Generic keifi blue top GH or hyge GH - 5iu ED?

OR

GHRP-6 - 100-200mcg x 2/3 times per day?

Other more expensive and more hassle to source options

GHRP-6 + CJC - 100mcg x 3 per day of each?

OR

GH Frag 500mcg per day?

Anything out of the above options you have tried/would reccomend? GHRP-6 is currently most cost effective option altho not sure how good results will be as only heard a few reports using on its own. Most use with CJC it seems but that is making is more expensive than GH for me. So just atfer some opinions and what current protocols everyone is following or looking at following.


----------



## bkoz (Apr 29, 2008)

Buy the look of your avi.You need to bulk not fat loss.You,ll just be bones at the end of a cutter..


----------



## LittleChris (Jan 17, 2009)

bkoz said:


> Buy the look of your avi.You need to bulk not fat loss.You,ll just be bones at the end of a cutter..


He does look in better shape than you bud :thumb:


----------



## All4n (May 30, 2008)

The pic is about a year or so old.

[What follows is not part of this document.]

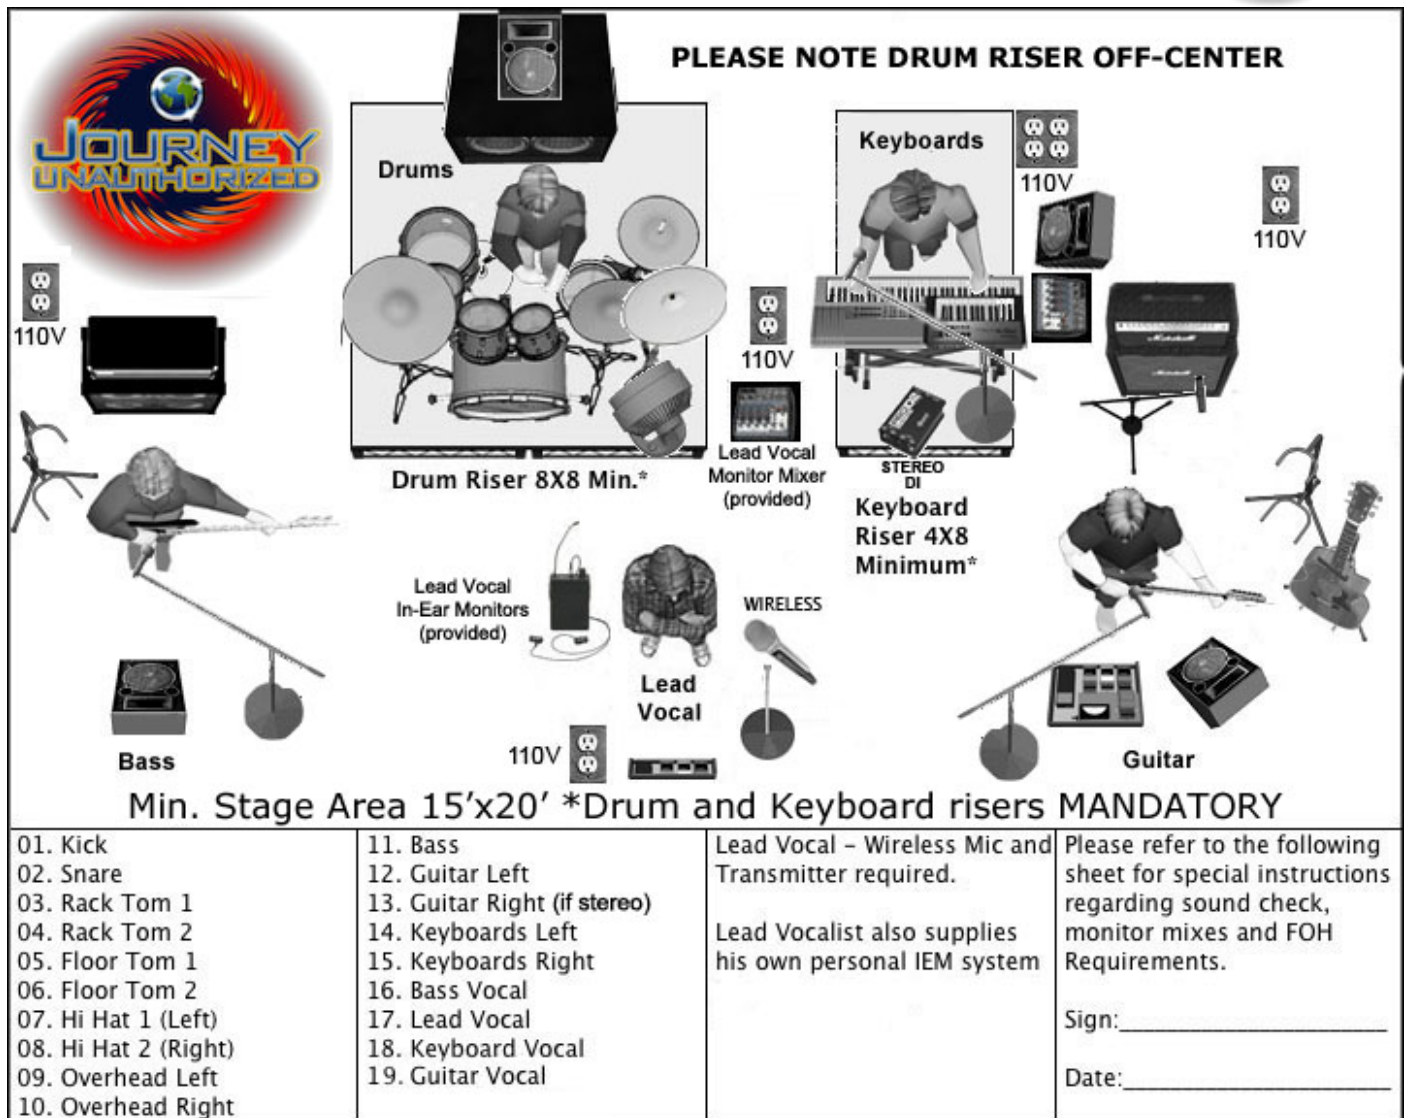

Journey Unauthorized Stage Plot (updated 7/2018)

MONITOR NOTE: Lead vocalist required a drum and backing vocals mix from the board (sent to his personal monitor mixer onstage), as well as split taps from guitar, keys and bass taken directly from the stage to his board (XLR splitters provided).

I'm a lot fatter now i can assure you of that :laugh: stronger too tho so balances out somewhat :whistling:


----------



## petethemanc (Sep 18, 2007)

gh frag was all the rage at one point but that died a death.


----------



## bkoz (Apr 29, 2008)

On a seriouse note t3 clen is far better...


----------



## miller25 (Apr 22, 2007)

Why don't you give igf a shot


----------



## kingprop (May 8, 2005)

It depends on the way you use them and if you get along with it. For instance, if you can get up ok for morning cardio it may be worth using the GH protocol first thing on empty stomach before exercise.

Maybe this is too difficult for you. Someone with a physical job id recommend trying IGF and lower carb intake.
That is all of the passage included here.